11. Patients are often treated as if incapable of understanding or of making
decisions. Patients’ wishes for information about their condition should be
respected. They should be allowed full participation in their care and a
continuing sense
of self-determination and self-control. 12. Dying patients often suffer through
helplessness, weakness, isolation, and loneliness. The patient should have a
sense of security and protection. Involvement of family and friends should be
encouraged. 13. The varied problems and anxieties associated with terminal
illness can occur at any time of day or night. Twenty-four hour care must be
available seven days a week for the patient/family where and when it is needed.

Care is usually directed towards the patient. In terminal illness the family
must be the unit of care. Help should be available to all those involved whether
patient, relation, or friend to sustain communication and involvement. 15. The
course of the terminal illness involves a series of clinical and personal
decisions. Interchange between patient, family, and clinical team is essential
to enable an informed decision to be made. 16. Many people do not know what the
dying process involves. The family should be given time and opportunity to
discuss all aspects of dying, death, and related emotional needs with the staff.

17. The patient and family need the opportunity for privacy and being together.

The patient and family should have time alone and privacy both while the patient
is living and after death occurs. A special space may need to be provided. 18.

Complexity of treatment and time-consuming procedures can cause disruption for
the patient/family. Procedures must be so arranged as not to interfere with
adequate time for patient, family, and friends to be together. 19. Patients and
families facing death frequently experience a search for the meaning of their
lives, making the provision of spiritual support essential. The religious,
philosophic, and emotional components of care are as essential as the medical,
nursing, and social components and must be available as part of the team
approach. 20. Survivors are at risk emotionally and physically during
bereavement. The provision of appropriate care to survivors is the
responsibility of the team that gave care and support to the deceased.
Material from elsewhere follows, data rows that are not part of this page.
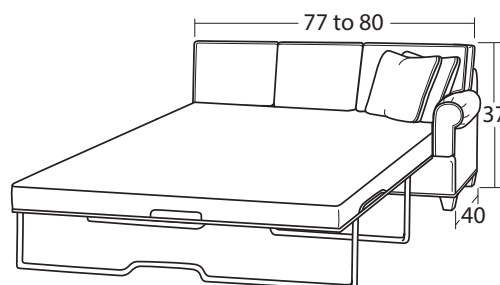

#51-68 RAF Queen Sleeper / #51-98 RAF Queen Memory Foam Sleeper
77 to 80W x 40D x 37H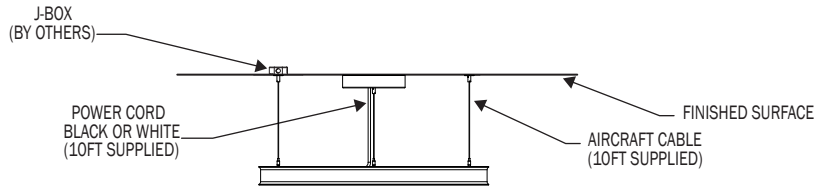

PSCD COMBINATION (SINGLE POINT, CANOPY MOUNT DRIVER)

PSRM COMBINATION (SINGLE POINT, REMOTE MOUNT DRIVER)

DROP CORD

MMCD COMBINATION (MUTIPLE CABLES, CANOPY MOUNT DRIVER)

MMRM COMBINATION (MUTIPLE CABLES, REMOTE MOUNT DRIVER)

The growing body of knowledge in symptom control, patient/family-centered care,
and other aspects of the care of the terminally ill is now readily available.

Institutions and organizations providing terminal care must orient and educate
new staff and keep all staff informed about developments as they occur. 22. Good
terminal care presupposes emotional investment on the part of the staff. Staff
needs time and encouragement to develop and maintain relationships with patients
and relatives. 23. Emotional commitment to good terminal care will often produce
emotional exhaustion. Effective staff support systems must be readily available.